When philosophizing about the best way to change the world, it’s easy to lose sight of some practical considerations that influence choices:

  • Cost. It’s expensive to develop an elegant, endogenous theory for things like interest rates that you might normally think of as exogenous to a firm. On the other hand, it’s also expensive to collect and use data – often 1/3 of project cost in our experience.
  • Clarity. Exogenous variables complicate the analysis of a model, because you have driven behavior on top of the model’s endogenous dynamics. I think this makes it harder to understand the basic behavior, because you lose the insight you might gain from starting a model in equilibrium and perturbing it with policies.
  • Calibration. On the other hand, using exogenous drivers increases your ability to gain insight from comparison of model behavior to data. This is not a definitive test, but you can definitely use it to estimate uncertain parameters and weed out certain dumb ideas.
  • Client. You have to meet people where they are.
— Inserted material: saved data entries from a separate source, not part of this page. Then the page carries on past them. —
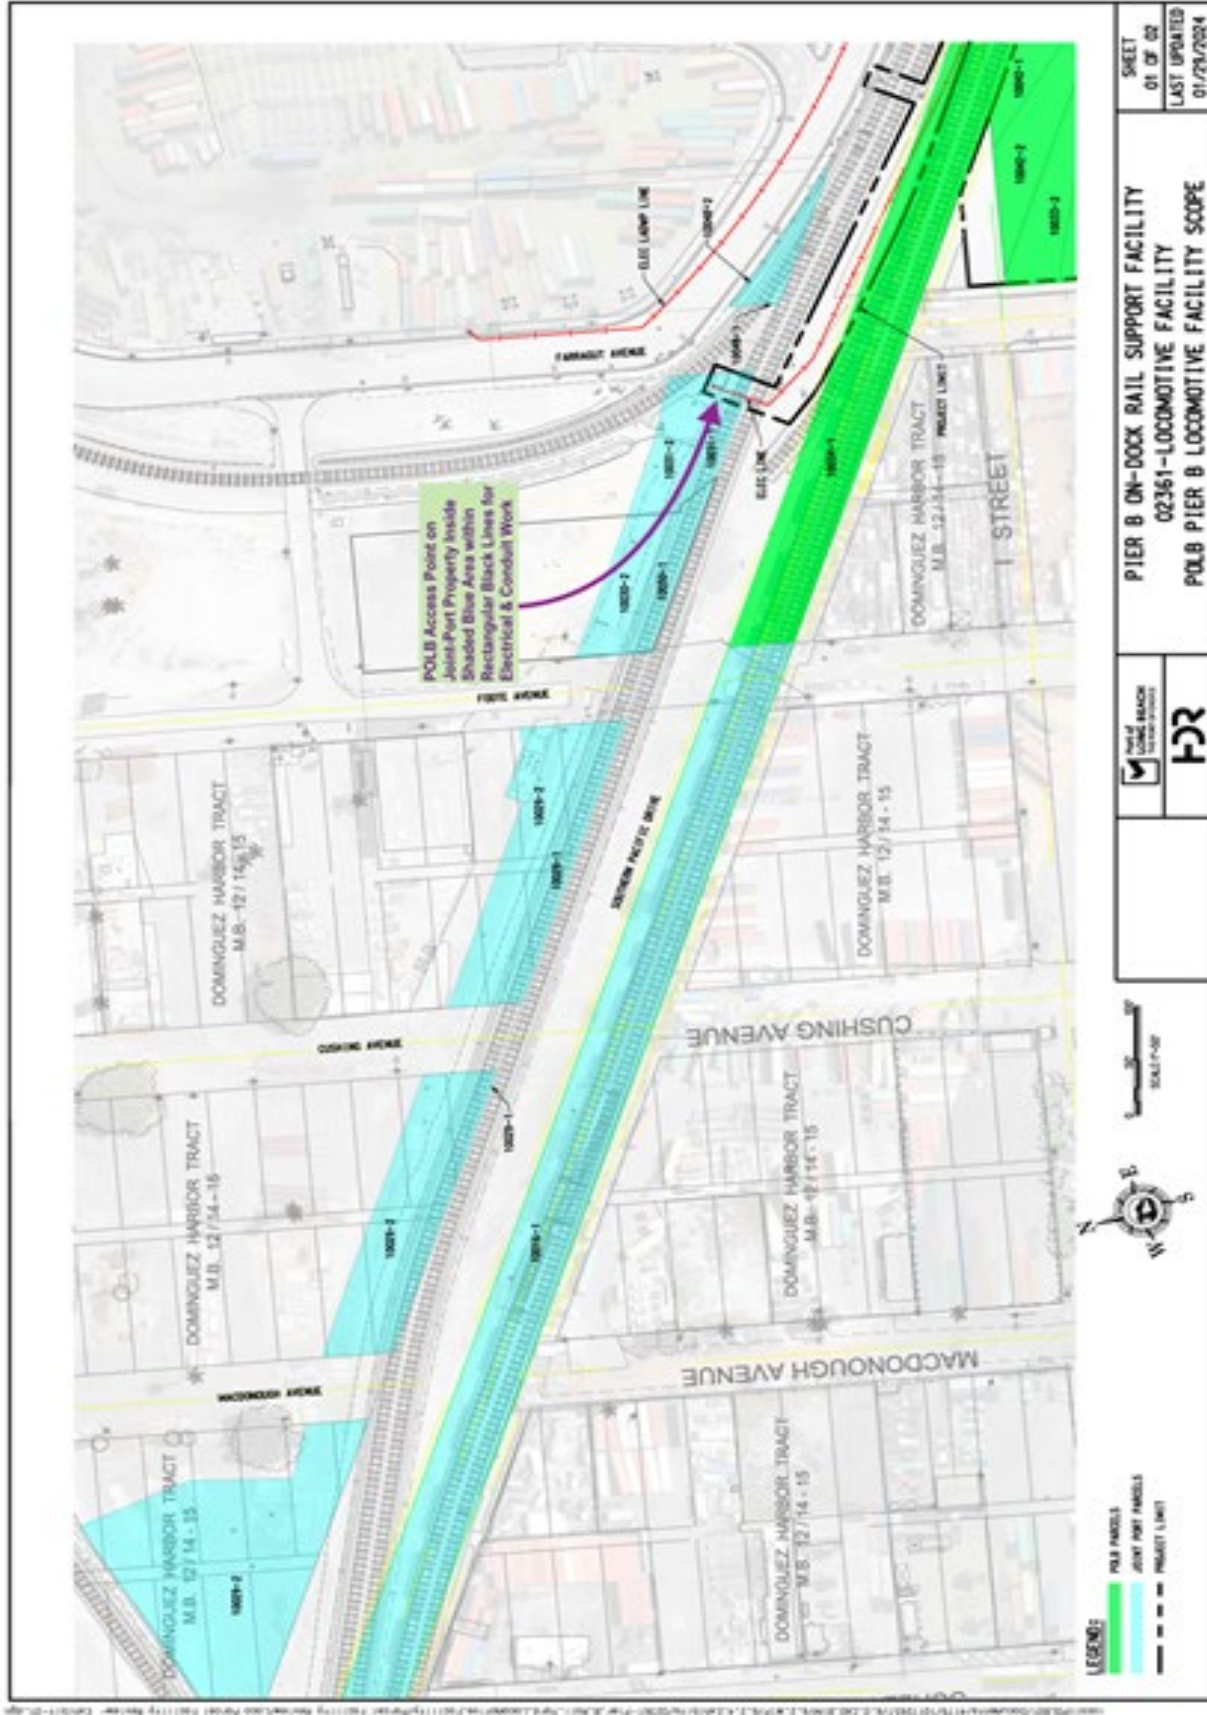

# Transmittal 1 – LFP Area Map

SHEET  
01 OF 02  
LAST UPDATED  
01/29/2024

PIER B ON-DOCK RAIL SUPPORT FACILITY  
02361-LOCOMOTIVE FACILITY  
POLB PIER B LOCOMOTIVE FACILITY SCOPE

LEGEND:  
POLB PANELS  
JOINT PORT PANELS  
PIERCEY LIMIT

If, historically, they think R^2 is the definitive measure of success, you’d better deliver. You can explain why that’s a bad metric and present a more endogenous view of the situation later, after you’ve established trust.

I think there’s no clear answer – the extent to which endogenous or exogenous elements are preferred has to be a situation-specific decision. In my own work, I often use a two-pronged approach, and two ways to structure that have emerged:

  • Build a single, large, calibrated model with some exogenous drivers. Build endogenous submodels or metamodels for equilibrium experiments and to  explain key features of the big model.
  • Build a single, elegant endogenous model, with few drivers. Use smaller exogenous models, or statistical and machine learning tools, to understand local features of the data, incorporating those insights into the endogenous model without using the data directly.